Drawing figures from my mind, part I

Drawing from the mind is an exercise that can help you use previously stored information better. I’ll explain why this works well for me, in this series of figure sketches.

When working from a reference photo, I often feel limited by a few things. There is a need to copy what you see, accurately. Sometimes this causes a situation, where I’m so caught up in working with what I see, that I forget what I know. Drawing images from the mind, ‘forces’ your brain to work with just the knowledge that is stored. And trust me, it’s more than you probably realise!

In addition to this, I check things on my own body. Where does the elbow end in relation to the torso? Where does the belly button sit? You can check a lot of landmarks on your own body.

Part 2 of this series will come out on Tuesday.

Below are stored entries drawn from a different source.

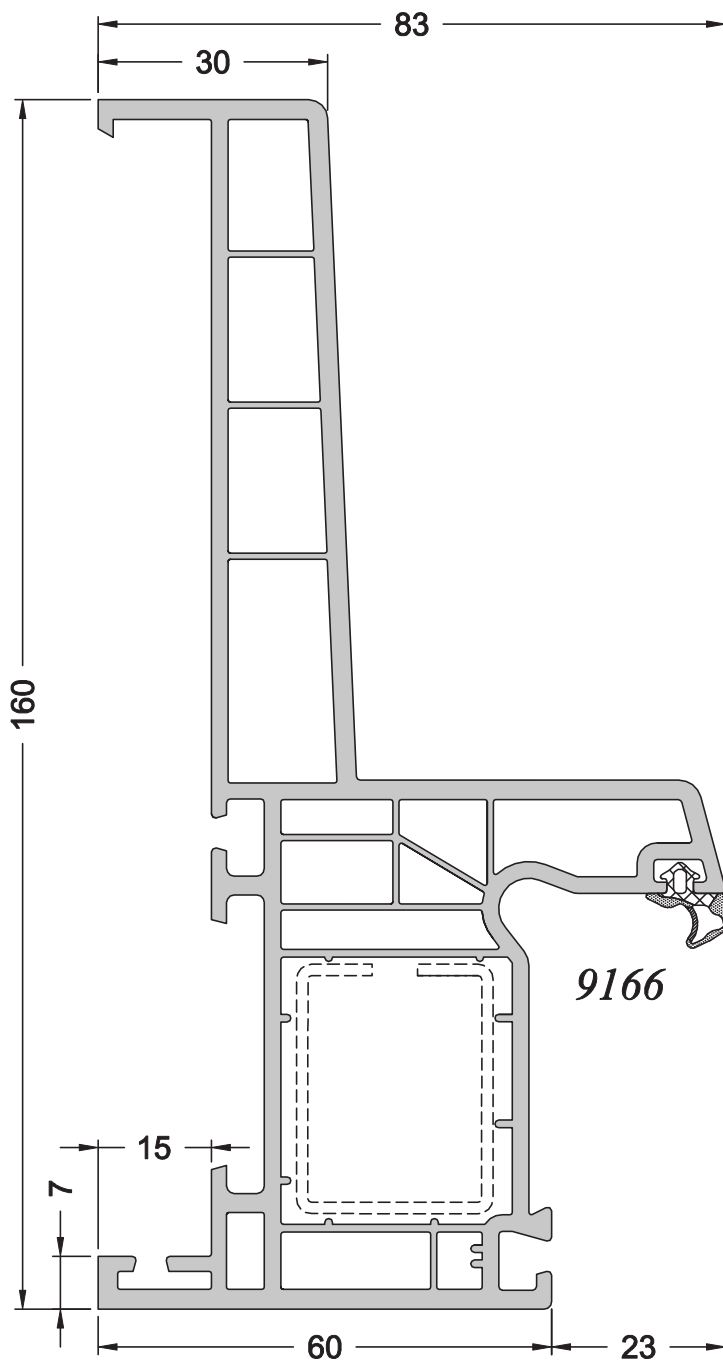

**DL160
(PA6)**

Bl Gr Be Pl

Gamme	PVC SCHUCO CT70		N° : 1-1/007
	Ref : 9166	Neuf	Echelle 1/1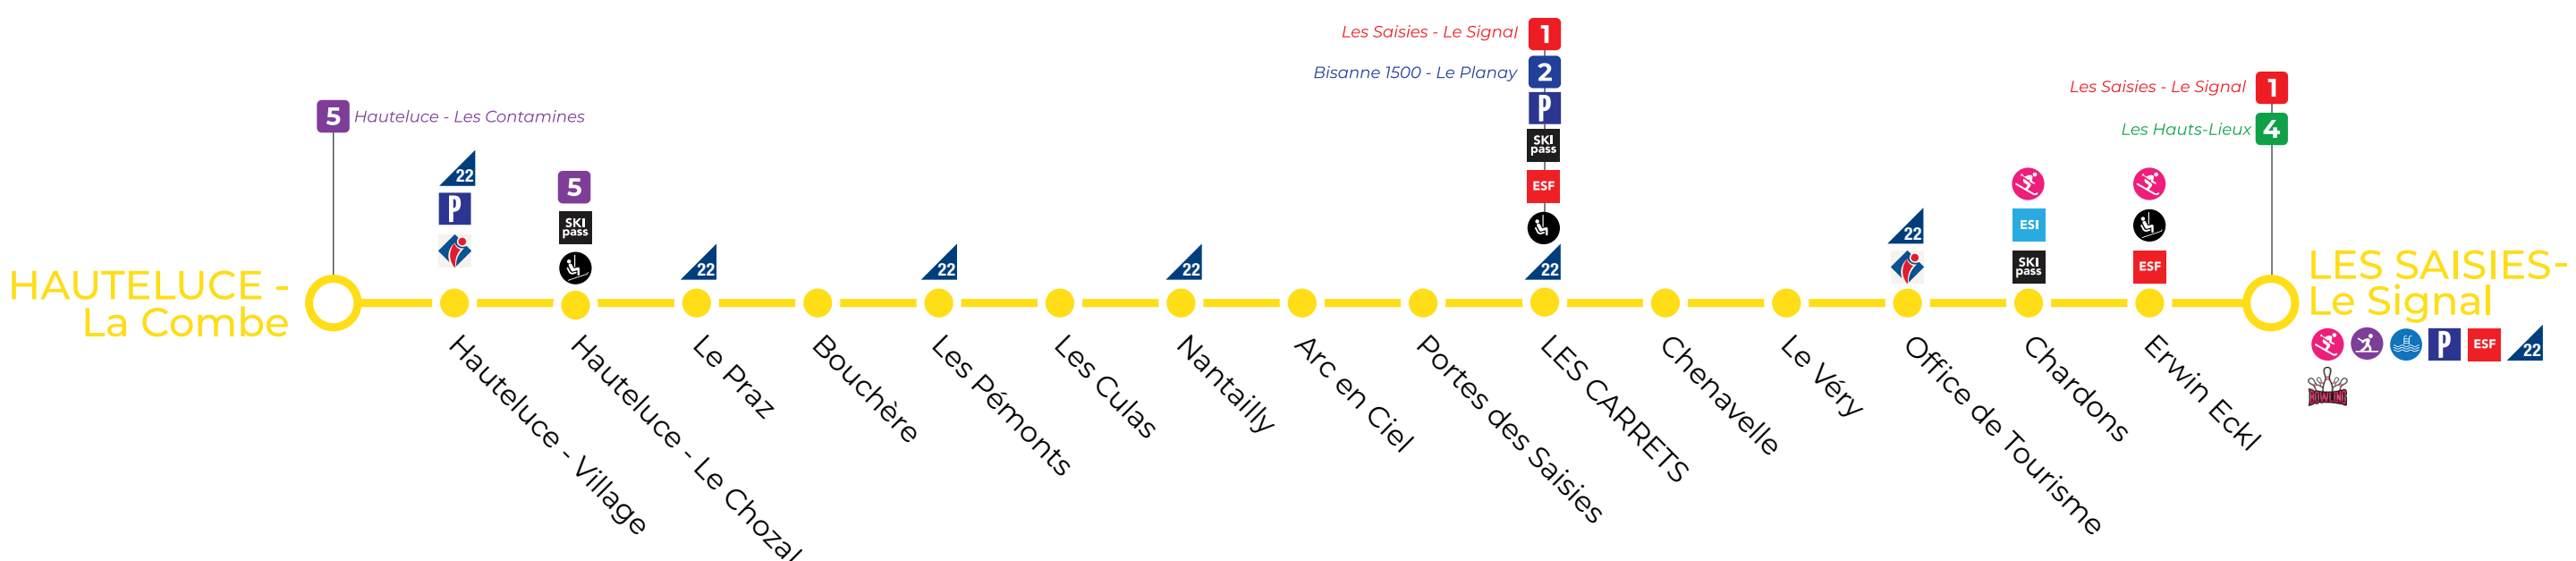

3 Hauteluce

Village

Les Saisies

Centre station - Le Signal

Hauteluce - La Combe Arrivée Ligne 5 pour correspondance		9:10	9:40		10:30	11:15		12:15		13:45	14:30	15:45	16:15		17:00	17:45			
Hauteluce - La Combe	7:55	8:30	9:15	9:45	10:15	10:50	11:20	11:50	12:20	12:50	13:30	13:50	14:50	15:50	16:20	16:50	17:20	17:50	18:20
Hauteluce Village	7:56	8:31	9:16	9:46	10:16	10:51	11:21	11:51	12:21	12:51	13:31	13:51	14:51	15:51	16:21	16:51	17:21	17:51	18:21
Hauteluce - Le Chozal		8:32	9:17	9:40	10:10	10:45	11:15	11:45	12:15	12:45	13:15	13:45	14:45	15:45	16:15	16:45	17:15	17:45	18:15
Le Praz	7:57	8:32	9:17	9:47	10:17	10:52	11:22	11:52	12:22	12:52	13:32	13:52	14:52	15:52	16:22	16:52	17:22	17:52	18:22
Bouchère	7:58	8:33	9:18	9:48	10:18	10:53	11:23	11:53	12:23	12:53	13:33	13:53	14:53	15:53	16:23	16:53	17:23	17:53	18:23
Les Pémons	8:03	8:40	9:25	9:55	10:25	11:00	11:30	12:00	12:30	13:00	13:40	14:00	15:00	16:00	16:30	17:00	17:30	18:00	18:30
les Culas	8:04	8:41	9:26	9:56	10:26	11:01	11:31	12:01	12:31	13:01	13:41	14:01	15:01	16:01	16:31	17:01	17:31	18:01	18:31
Nantailly	8:06	8:43	9:28	9:58	10:28	11:03	11:33	12:03	12:33	13:03	13:43	14:03	15:03	16:03	16:33	17:03	17:33	18:03	18:33
Arc en Ciel	8:07	8:44	9:29	09:59	10:29	11:04	11:34	12:04	12:34	13:04	13:44	14:04	15:04	16:04	16:34	17:04	17:34	18:04	18:34
Portes des Saisies	8:08	8:45	9:30	10:00	10:30	11:05	11:35	12:05	12:35	13:05	13:45	14:05	15:05	16:05	16:35	17:05	17:35	18:05	18:35
Les Carrets	8:10	8:50	9:35	10:05	10:35	11:10	11:40	12:10	12:40	13:10	13:50	14:10	15:10	16:10	16:40	17:10	17:40	18:10	18:40
Chenavelle	8:11	8:51	9:36	10:06	10:36	11:11	11:41	12:11	12:41	13:11	13:51	14:11	15:11	16:11	16:41	17:11	17:41	18:11	
Le Véry	8:12	8:52	9:37	10:07	10:37	11:12	11:42	12:12	12:42	13:12	13:52	14:12	15:12	16:12	16:42	17:12	17:42	18:12	
Office du Tourisme	8:13	8:53	9:38	10:08	10:38	11:13	11:43	12:13	12:43	13:13	13:53	14:13	15:13	16:13	16:43	17:13	17:43	18:13	
Chardons	8:14	8:54	9:39	10:09	10:39	11:14	11:44	12:14	12:44	13:14	13:54	14:14	15:14	16:14	16:44	17:14	17:44	18:14	
Espace Erwin-Eckl	8:15	8:55	9:40	10:10	10:40	11:15	11:45	12:15	12:45	13:15	13:55	14:15	15:15	16:15	16:45	17:15	17:45	18:15	
Les Saisies - Le Signal	8:20	9:00	9:45	10:15	10:45	11:20	11:50	12:20	12:50	13:20	14:00	14:20	15:20	16:20	16:50	17:20	17:50	18:20	

Tous les jours sauf samedi du 22 décembre 2024 au 21 mars 2025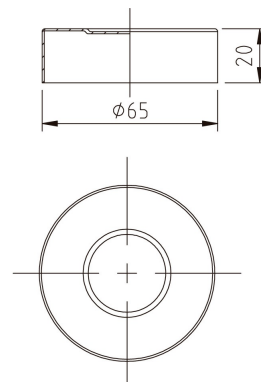

DESSIN TECHNIQUE: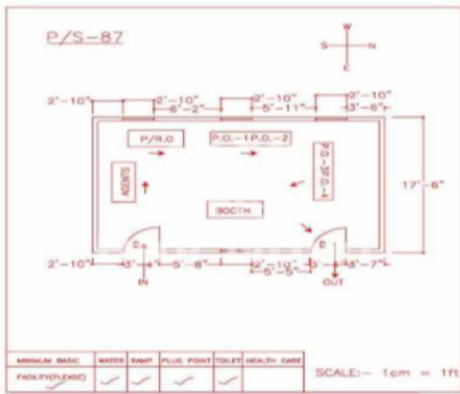

নিৰ্বাচক পঞ্জীয়ন বিষয়াৰ স্বাক্ষৰ

Nazri Naksha

Google Map View

Polling Station Building Front View

ভোটগ্ৰহন কেন্দ্ৰৰ সন্মুখৰ দৃশ্য

Cad View

Key MAP View

বিধানসভা সমষ্টিৰ নম্বৰ আৰু নাম : 59-বঢ়হমপুৰ  
অংশৰ নম্বৰ আৰু নাম : 1-সুতাৰ গাওঁ কুমাৰ গাওঁ

If you’d to stay updated on that, you join my newsletter!

I’d love to know what you think about this way of drawing as an exercise! Leave a comment down below or on my Youtube channel. If you’d like to share your work and get some feedback or support, make sure to join my private student Facebook community.

2 thoughts on “Drawing figures from my mind, part I”

  1. I have actually been thinking about this concept a lot lately, but with the face, because that is what I do. (I have been wanting to branch out into figures, but my energies keep getting pulled away to other things, so I haven’t gotten around to that yet) But as for faces, I have been thinking a great deal about the differences I experience or feel from using a reference vs no reference. I make it a practice to do both. I value the reference experience because it helps me get a bit more realism into my faces and also helps my brain learn/become more familiar with the structure of the face. I always deviate at least a bit from the reference anyway as a personal rule to keep it more “my own”…add more of my own personal flavor, so to speak. But I also like to just wing it and make up a face just from the process of adding paint to the canvas and seeing who wants to show up. I find that very fun. And in that experience I get to, as you said in your video, use what my brain knows or has learned about faces to render my person. Thank you for sharing 🙂

  2. I think this is a great idea! I went to my drawing class this week and we had a live model which is not usual practice for the class. She stood and sat and lay down for 20-15 minute times while we sat and tried to draw her accurately. My efforts were amateur to say the least! So, I am going to re-draw them and see if I can improve — they may look a bit more spontaneous if nothing else. I will try your idea of doing a figure from memory first which will be an interesting comparison. Thanks for sharing your idea.